Among the entries below, extract exactly the lines that run from the one with "15MHz/QPSK/Low CH" through the one with "3MHz/64QAM/Low CH", both ends included.

Dataset records:

▬▬▬▬▬▬

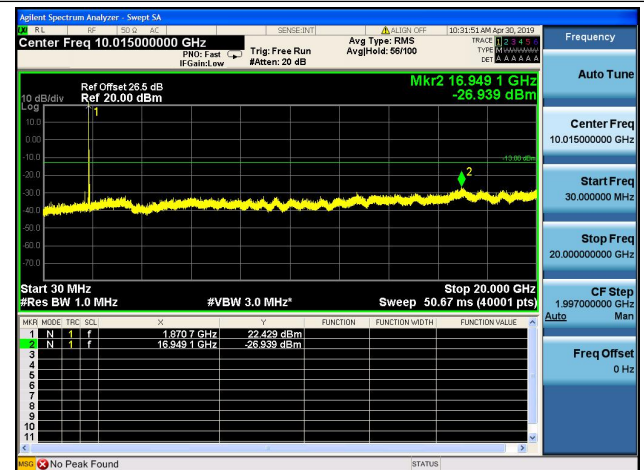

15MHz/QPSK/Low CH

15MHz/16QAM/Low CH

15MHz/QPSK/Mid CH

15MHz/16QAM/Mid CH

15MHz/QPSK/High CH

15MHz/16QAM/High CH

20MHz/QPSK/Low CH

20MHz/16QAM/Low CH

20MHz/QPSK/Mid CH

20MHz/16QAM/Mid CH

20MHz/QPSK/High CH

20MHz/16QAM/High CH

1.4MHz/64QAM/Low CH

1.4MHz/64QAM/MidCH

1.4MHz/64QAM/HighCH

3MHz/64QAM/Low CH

▬▬▬▬▬▬

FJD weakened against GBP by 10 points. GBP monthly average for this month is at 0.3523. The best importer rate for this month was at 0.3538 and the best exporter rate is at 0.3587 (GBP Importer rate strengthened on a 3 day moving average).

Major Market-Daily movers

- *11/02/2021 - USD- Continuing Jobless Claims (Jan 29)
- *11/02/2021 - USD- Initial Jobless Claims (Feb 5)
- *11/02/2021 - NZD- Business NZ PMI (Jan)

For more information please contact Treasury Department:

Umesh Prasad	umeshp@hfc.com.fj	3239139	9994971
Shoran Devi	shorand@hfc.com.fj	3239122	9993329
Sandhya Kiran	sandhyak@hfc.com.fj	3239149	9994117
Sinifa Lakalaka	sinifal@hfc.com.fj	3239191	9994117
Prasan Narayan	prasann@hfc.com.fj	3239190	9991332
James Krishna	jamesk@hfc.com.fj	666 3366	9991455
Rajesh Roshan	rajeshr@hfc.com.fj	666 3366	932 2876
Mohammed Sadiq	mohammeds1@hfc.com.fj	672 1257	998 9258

▬▬▬▬▬▬

SOLUTION BELOW:
15MHz/QPSK/Low CH

15MHz/16QAM/Low CH

15MHz/QPSK/Mid CH

15MHz/16QAM/Mid CH

15MHz/QPSK/High CH

15MHz/16QAM/High CH

20MHz/QPSK/Low CH

20MHz/16QAM/Low CH

20MHz/QPSK/Mid CH

20MHz/16QAM/Mid CH

20MHz/QPSK/High CH

20MHz/16QAM/High CH

1.4MHz/64QAM/Low CH

1.4MHz/64QAM/MidCH

1.4MHz/64QAM/HighCH

3MHz/64QAM/Low CH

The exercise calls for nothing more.